未来を動かす「高出力GaNデバイス」市場が急成長!EVから再生エネまで変革をリードする次世代半導体の可能性

次世代半導体「高出力GaNデバイス」が世界市場を牽引、2032年には20億ドル規模へ

電気自動車(EV)から再生可能エネルギー、データセンターに至るまで、私たちの社会はより高い効率と持続可能性を求めています。この大きな流れを技術面から支えるのが、次世代半導体「高出力GaN(窒化ガリウム)デバイス」です。株式会社マーケットリサーチセンターが発表した最新の調査レポート「高出力GaNデバイスの世界市場(2026年~2032年)」によると、この市場は2025年の4億900万米ドルから、2032年には20億3500万米ドルへと拡大し、2026年から2032年にかけて年平均成長率(CAGR)26.3%で成長すると予測されています。

高出力GaNデバイスの世界市場

GaNデバイスの「すごい」ポイントとは?

「GaN(窒化ガリウム)デバイス」は、従来の半導体材料であるシリコンに代わる、新しい高性能半導体です。では、具体的に何がすごいのでしょうか。

GaNは「広いバンドギャップ」という特性を持っています。これは、電子が移動するために必要なエネルギーの差が大きいため、高い電圧に耐え、熱に強く、電気を高速で流せるという特徴です。これにより、エネルギーの無駄が少ない「高効率」な電力変換が可能になります。

従来のシリコン半導体と比較して、GaNデバイスは高い電圧(通常650V以上)と大電流を扱えるだけでなく、非常に速いスイッチング(電流のオン・オフ切り替え)が可能です。この特性により、同じ性能を持つ電子機器でも大幅な「小型化」や「軽量化」、そして「高効率化」が実現できるのが、GaNデバイスの最大の魅力です。
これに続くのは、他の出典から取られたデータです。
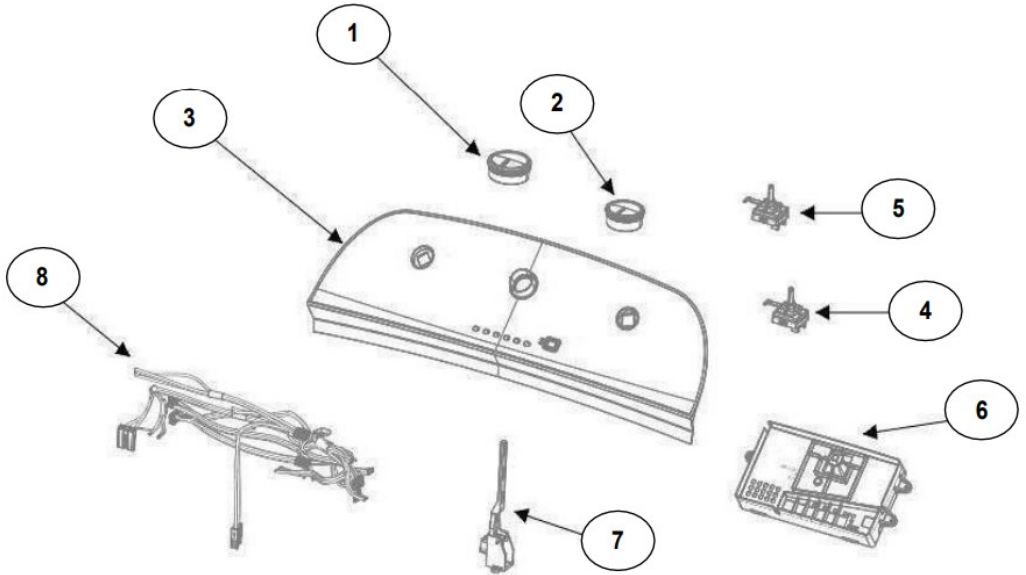

No.Ilus.	DESCRIPCIÓN	Cant.	No. de Parte
1	Panel Superior	1	W10905578
2	Tapa	1	
3	Válvula de Llenado	1	W10894036
4	Cubierta trasera, Panel	1	W10609257
5	Gancho Candado, Tapa	1	W10916391
6	Candado, Tapa	1	W10707441
7	Soporte, Cubierta	1	W10515799
8	Distribuidor de Agua	1	W10531148
9	Canal, Trasero	1	W10515817
10	Gabinete		No Servicable
11	Cubierta, Gabinete		No Servicable
12	Cable Tomacorriente	1	W10741055
13	Nivelador Individual	1	W10556332
14	Escudete	2	No Servicable

Distribuidor Autorizado

SurteRápido.com

Venta de Refacciones
Electrodomesticas

Lavadora Whirlpool 8MWTW1622EQ1

No. Ilus.	DESCRIPCIÓN	Cant.	No. de Parte
1	Perilla, Timer	1	W10743994
2	Perilla, Encoder	2	W10743997
3	Fascia, Panel	1	W10785312
4	Encoder, 4pos	1	W10414398
5	Encoder, 3pos	1	N/A
6	Tarjeta Control	1	W11039848
7	Switch Nivelador	1	W10531662
8	Arnés	1	W10715322

No.Ilus.	DESCRIPCIÓN	Cant.	No. de Parte
1	Tapa Agitador		No Serviciable
2	Agitador	1	W10531691
3	Aro, Cesta	1	W10821259
4	Canasta, Ensamble	1	W10794464
5	Tina	1	W10532537
6	Sello, Tina	1	W10006371
7	Filtro, Bomba de Drenado	1	W10215093
8	Suspensión individual	1	W10821948
9	Rueda, Suspensión	1	W10583768
10	Arnés Inferior con manguera	1	W10919335
11	Manguera, Switch de Presión	1	W10919335
12	Abrazadera	1	8317496
13	Atadura Cable	1	W10339879

主な製品カテゴリーには、高速スイッチングや高周波動作に適した「高電圧GaN HEMT(高電子移動度トランジスタ)」や、GaNベースのパワーモジュールなどが含まれます。

私たちの未来にどう役立つのか?具体的な応用例

高出力GaNデバイスは、すでに多くの分野で実用化が進み、また将来的な応用も期待されています。その影響は、私たちの日常生活から産業の基盤まで多岐にわたります。

電気自動車(EV)の進化

EVのモーターを動かすには、バッテリーの直流電力を交流電力に変換する「インバータ」が必要です。GaNデバイスをインバータに採用することで、EVのインバータをより小型・軽量化し、電力変換効率を高めることができます。これにより、EVは一回の充電でより長く走れるようになり、さらに車両全体の軽量化にも貢献します。特に、次世代の800V車載アーキテクチャを実現する上で、GaNは重要な要素になると言われています。

再生可能エネルギーの普及

太陽光発電や風力発電で得られた電力を家庭や送電網に送るための「インバータ」や「コンバータ」も、GaNデバイスによって小型化・高効率化が進みます。これにより、発電システムの設置スペースを削減し、発電された電力を無駄なく利用できるようになるため、再生可能エネルギーのさらなる普及を後押しします。

データセンターと産業の効率化

データセンターのサーバー用電源や、工場で使われる産業用モーターの制御システムにもGaNデバイスが導入され始めています。これにより、電力消費の削減や機器の高性能化が図られ、運用コストの低減と環境負荷の軽減に貢献します。

その他の応用分野

航空宇宙・防衛用電源システムやスマートグリッドインフラなど、高い信頼性と効率が求められる分野でもGaNデバイスの採用が拡大しています。

市場の成長を支える技術革新と将来性

高出力GaNデバイス市場の急成長は、世界の「電動化」や「脱炭素化」といった大きなトレンドと密接に結びついています。さらに、技術革新もこの成長を後押ししています。

例えば、「GaN-on-GaN」や「GaN-on-diamond」といった新しいプラットフォームは、さらに高い電圧や熱に耐えるデバイスを可能にし、より過酷な環境での利用が期待されています。また、「GaNパワーIC」や「モノリシックGaNシステム」といった、複数の機能を一つにまとめた統合ソリューションも登場し、より複雑なシステムへの組み込みが容易になっています。これらの技術はまだ研究段階にあるものもありますが、将来の可能性を広げるものです。

主要企業であるInnoscience、Infineon、Navitas、EPC、Transphormなどは、高出力GaNの開発に積極的に投資しており、基板や製造プロセスのコスト削減が進めば、今後さらに多くの産業や製品でGaNデバイスの採用が拡大すると予想されます。

高出力GaNデバイスは、高効率な電力変換を通じて、より持続可能でスマートな社会の実現に不可欠な存在となるでしょう。今後の技術進化と市場の動向から目が離せません。